[Stored entries]
^^^^^^^^^^^^^^^^
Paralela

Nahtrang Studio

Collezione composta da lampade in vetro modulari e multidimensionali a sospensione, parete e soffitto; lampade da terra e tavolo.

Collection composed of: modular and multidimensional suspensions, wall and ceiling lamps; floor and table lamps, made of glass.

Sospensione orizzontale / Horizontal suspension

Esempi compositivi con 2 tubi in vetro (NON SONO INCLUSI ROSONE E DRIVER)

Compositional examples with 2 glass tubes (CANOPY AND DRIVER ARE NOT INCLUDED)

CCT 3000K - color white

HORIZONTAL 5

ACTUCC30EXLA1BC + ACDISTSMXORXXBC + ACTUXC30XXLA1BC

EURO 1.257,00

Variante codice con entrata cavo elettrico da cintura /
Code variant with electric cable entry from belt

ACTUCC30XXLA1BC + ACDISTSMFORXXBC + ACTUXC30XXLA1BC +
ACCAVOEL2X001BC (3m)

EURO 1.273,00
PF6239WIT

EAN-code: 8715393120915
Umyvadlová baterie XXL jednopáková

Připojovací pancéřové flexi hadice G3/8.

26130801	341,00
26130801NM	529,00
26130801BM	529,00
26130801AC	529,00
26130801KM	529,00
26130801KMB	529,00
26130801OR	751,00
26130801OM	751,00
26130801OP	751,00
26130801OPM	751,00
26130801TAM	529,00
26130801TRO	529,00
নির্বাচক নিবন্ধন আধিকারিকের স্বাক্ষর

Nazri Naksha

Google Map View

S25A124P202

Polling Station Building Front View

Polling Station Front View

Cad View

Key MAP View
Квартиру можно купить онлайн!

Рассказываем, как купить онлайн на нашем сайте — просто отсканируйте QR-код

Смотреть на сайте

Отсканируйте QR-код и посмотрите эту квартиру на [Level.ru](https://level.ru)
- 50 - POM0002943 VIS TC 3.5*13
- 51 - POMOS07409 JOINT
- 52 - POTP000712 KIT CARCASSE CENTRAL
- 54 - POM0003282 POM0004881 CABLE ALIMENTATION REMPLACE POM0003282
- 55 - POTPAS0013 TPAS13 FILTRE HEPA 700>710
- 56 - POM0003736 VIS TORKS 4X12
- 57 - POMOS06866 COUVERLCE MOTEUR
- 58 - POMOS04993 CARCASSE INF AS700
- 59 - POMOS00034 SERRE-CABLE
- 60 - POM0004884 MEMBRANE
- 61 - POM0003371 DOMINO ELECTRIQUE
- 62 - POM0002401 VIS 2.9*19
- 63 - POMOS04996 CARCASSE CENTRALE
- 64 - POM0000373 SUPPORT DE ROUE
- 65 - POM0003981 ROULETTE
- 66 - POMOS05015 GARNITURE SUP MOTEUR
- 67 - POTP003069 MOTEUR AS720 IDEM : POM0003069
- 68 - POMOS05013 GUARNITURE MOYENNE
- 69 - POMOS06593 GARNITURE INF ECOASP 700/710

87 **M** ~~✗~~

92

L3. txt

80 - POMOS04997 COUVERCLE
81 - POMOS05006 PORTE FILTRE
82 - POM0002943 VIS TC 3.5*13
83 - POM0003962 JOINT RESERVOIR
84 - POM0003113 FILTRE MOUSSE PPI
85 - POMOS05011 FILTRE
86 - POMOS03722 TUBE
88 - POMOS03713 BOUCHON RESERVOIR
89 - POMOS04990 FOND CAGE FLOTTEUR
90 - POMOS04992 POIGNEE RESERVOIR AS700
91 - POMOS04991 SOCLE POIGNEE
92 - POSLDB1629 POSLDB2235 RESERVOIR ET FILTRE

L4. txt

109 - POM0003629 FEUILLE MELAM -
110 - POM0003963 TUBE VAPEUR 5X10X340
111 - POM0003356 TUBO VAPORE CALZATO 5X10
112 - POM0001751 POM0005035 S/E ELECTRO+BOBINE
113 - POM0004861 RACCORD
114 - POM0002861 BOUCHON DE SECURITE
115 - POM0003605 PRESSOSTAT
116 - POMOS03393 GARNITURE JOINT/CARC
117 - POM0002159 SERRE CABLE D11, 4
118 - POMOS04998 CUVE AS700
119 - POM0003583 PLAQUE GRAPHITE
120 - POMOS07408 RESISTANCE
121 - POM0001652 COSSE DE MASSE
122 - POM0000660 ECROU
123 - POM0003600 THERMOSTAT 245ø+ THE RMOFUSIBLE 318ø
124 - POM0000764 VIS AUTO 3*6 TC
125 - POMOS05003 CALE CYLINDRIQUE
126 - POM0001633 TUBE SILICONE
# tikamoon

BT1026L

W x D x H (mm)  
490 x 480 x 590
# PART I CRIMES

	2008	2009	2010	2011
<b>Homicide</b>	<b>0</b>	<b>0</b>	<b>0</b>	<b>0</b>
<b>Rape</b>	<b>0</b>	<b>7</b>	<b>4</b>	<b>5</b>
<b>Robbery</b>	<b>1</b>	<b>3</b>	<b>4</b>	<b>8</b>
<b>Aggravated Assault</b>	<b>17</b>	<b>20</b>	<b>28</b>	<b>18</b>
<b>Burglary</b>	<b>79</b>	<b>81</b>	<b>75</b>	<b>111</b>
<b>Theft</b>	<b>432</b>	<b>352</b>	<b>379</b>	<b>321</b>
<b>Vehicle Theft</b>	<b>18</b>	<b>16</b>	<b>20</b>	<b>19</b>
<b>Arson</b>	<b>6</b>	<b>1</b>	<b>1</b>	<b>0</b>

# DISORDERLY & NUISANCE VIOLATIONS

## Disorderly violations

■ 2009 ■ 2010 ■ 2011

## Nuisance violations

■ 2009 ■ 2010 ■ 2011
^^^^^^^^^^^^^^^^
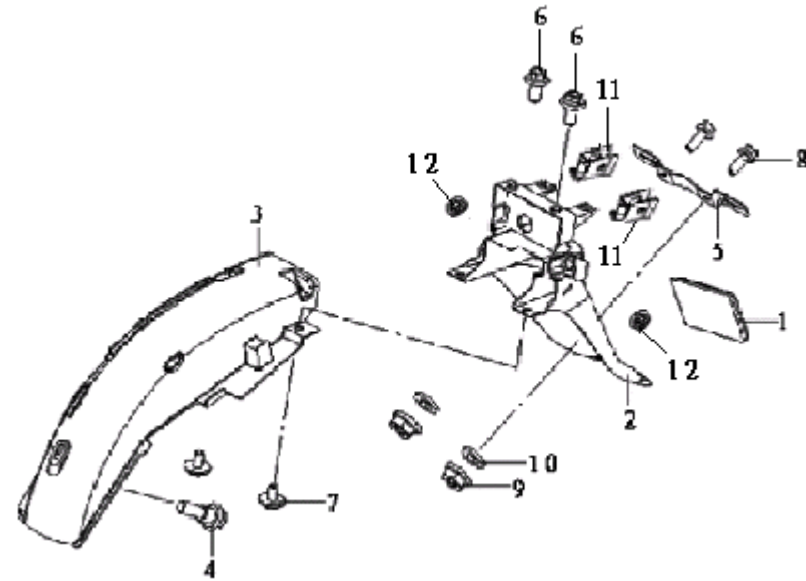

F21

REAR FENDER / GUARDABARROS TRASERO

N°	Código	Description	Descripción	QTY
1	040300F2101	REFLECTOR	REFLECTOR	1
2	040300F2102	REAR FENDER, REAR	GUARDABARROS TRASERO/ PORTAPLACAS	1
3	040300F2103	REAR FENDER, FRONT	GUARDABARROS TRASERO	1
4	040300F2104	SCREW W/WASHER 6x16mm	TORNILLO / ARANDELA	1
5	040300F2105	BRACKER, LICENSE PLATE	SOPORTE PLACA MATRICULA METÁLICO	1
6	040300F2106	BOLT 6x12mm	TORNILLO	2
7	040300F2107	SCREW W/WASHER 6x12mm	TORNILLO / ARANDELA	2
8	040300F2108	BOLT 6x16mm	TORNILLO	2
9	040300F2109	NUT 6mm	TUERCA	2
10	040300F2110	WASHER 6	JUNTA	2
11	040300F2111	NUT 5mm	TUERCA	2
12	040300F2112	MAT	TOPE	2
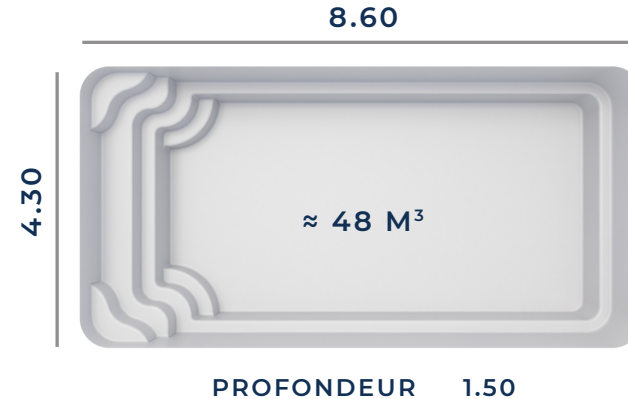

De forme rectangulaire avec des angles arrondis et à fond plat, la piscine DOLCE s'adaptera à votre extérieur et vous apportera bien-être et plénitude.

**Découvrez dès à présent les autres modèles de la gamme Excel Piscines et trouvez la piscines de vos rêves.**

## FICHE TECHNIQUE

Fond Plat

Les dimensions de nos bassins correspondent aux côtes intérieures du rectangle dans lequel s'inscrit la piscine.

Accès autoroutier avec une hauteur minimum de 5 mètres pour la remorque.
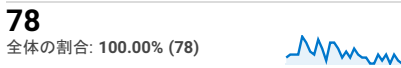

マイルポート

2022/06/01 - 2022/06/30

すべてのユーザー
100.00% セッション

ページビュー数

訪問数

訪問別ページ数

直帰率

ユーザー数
^^^^^^^^^^^^^^^^
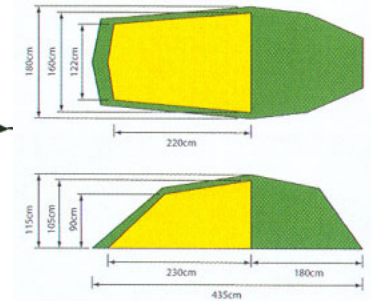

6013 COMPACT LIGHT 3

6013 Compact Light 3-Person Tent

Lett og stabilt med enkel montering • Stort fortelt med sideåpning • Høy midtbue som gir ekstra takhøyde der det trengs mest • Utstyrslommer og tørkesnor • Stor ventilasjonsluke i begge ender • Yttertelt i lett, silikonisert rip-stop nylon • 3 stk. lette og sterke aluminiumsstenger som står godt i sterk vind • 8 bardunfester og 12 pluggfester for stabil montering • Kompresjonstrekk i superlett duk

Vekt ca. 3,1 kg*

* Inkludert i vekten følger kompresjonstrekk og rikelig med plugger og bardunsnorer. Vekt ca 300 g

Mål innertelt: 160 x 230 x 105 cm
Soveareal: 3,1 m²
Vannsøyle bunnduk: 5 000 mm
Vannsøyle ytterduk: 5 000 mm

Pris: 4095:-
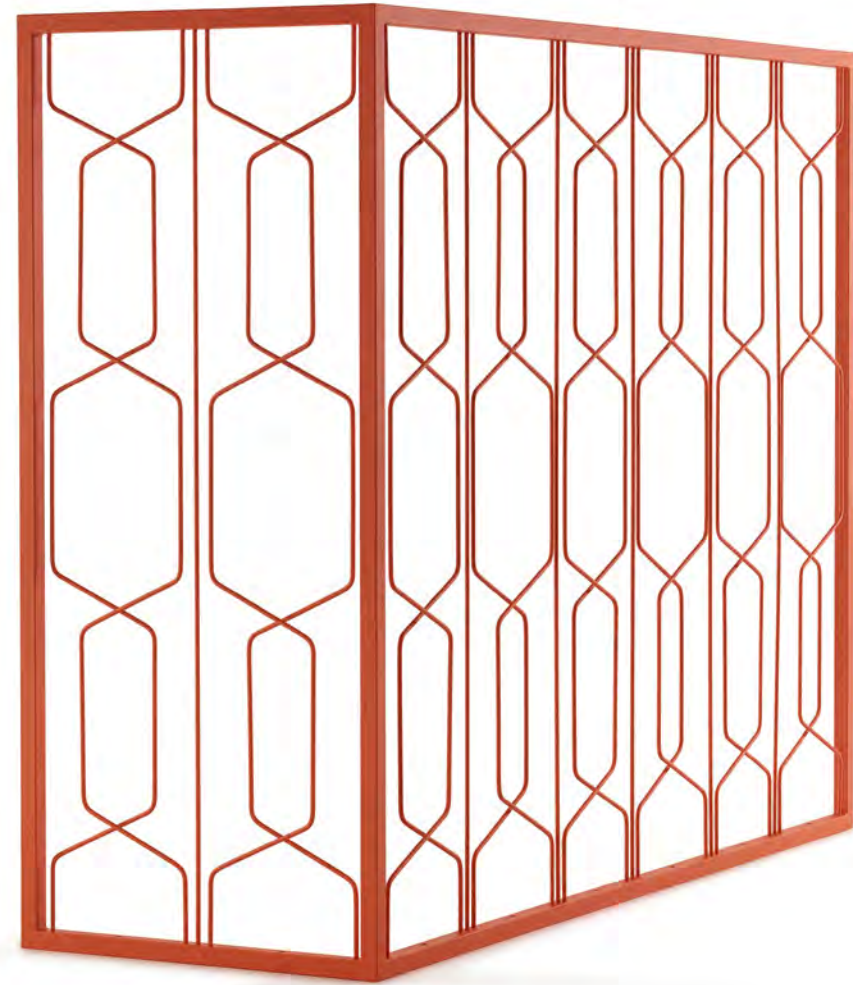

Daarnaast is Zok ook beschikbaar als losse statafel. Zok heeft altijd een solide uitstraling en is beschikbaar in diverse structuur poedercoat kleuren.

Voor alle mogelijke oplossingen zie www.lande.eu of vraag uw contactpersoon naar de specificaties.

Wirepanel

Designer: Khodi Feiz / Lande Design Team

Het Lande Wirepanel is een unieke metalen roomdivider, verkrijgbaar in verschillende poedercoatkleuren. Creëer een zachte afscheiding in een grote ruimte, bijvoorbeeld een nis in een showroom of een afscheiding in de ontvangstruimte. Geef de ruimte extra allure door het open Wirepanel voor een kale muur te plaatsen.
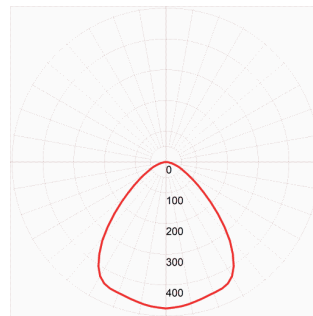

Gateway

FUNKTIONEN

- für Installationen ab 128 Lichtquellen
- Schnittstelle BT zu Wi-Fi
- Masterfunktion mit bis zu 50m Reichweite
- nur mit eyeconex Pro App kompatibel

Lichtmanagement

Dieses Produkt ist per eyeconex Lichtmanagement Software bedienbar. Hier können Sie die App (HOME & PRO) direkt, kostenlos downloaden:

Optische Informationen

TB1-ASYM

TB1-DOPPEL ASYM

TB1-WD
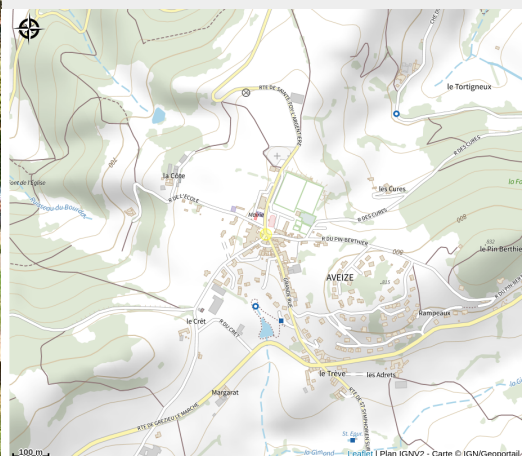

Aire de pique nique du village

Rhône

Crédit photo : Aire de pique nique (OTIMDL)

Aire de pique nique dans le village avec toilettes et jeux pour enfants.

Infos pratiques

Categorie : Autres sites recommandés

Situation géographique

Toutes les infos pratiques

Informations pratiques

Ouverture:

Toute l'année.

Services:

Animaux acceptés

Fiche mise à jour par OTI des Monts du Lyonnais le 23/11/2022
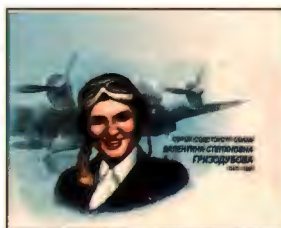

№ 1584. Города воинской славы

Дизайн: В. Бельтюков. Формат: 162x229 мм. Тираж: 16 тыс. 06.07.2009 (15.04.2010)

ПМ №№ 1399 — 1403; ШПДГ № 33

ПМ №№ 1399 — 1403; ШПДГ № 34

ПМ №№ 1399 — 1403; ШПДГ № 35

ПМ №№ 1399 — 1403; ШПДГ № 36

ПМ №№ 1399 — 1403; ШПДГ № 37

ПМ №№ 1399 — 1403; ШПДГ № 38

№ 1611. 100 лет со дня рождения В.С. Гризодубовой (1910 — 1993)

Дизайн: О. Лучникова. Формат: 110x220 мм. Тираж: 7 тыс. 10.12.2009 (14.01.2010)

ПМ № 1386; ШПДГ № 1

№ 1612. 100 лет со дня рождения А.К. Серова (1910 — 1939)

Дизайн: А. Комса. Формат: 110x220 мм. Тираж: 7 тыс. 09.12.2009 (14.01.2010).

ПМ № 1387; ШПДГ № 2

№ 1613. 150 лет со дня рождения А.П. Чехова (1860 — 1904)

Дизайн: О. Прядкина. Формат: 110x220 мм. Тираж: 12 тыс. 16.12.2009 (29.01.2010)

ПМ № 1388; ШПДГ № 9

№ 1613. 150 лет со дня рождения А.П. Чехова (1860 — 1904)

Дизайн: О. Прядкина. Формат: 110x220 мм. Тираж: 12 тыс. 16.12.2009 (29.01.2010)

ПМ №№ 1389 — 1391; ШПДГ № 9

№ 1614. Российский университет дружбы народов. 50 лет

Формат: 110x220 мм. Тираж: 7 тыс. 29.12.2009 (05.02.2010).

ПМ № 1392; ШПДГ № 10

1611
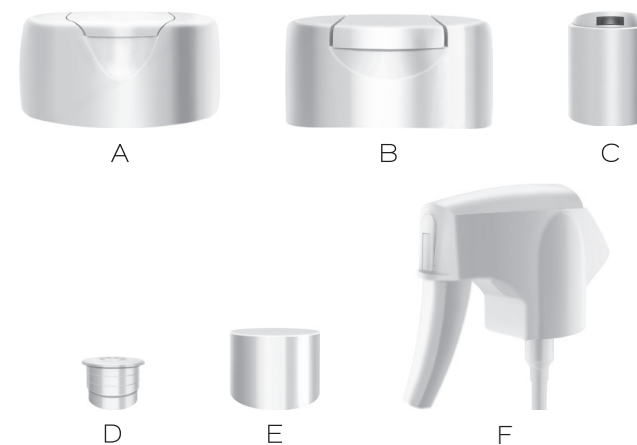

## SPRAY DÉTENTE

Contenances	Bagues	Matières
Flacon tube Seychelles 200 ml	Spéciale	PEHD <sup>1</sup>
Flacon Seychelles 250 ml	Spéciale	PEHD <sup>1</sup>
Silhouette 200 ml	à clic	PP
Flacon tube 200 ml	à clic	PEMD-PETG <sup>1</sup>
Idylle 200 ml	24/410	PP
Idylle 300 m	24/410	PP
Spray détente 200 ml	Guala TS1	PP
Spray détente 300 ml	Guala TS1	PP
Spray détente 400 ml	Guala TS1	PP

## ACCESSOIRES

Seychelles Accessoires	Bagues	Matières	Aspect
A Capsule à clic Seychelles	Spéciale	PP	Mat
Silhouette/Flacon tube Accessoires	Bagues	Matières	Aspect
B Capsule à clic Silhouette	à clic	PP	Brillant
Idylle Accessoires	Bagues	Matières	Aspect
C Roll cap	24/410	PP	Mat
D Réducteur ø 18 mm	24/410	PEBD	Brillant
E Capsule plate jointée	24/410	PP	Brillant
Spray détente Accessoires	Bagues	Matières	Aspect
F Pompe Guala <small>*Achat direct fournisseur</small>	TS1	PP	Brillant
^^^^^^^^^^^^^^^^
Work request = Report each line of the data that includes the string "MOTEUR".

Solution =
- 57 - POMOS06866 COUVERLCE MOTEUR
- 66 - POMOS05015 GARNITURE SUP MOTEUR
- 67 - POTP003069 MOTEUR AS720 IDEM : POM0003069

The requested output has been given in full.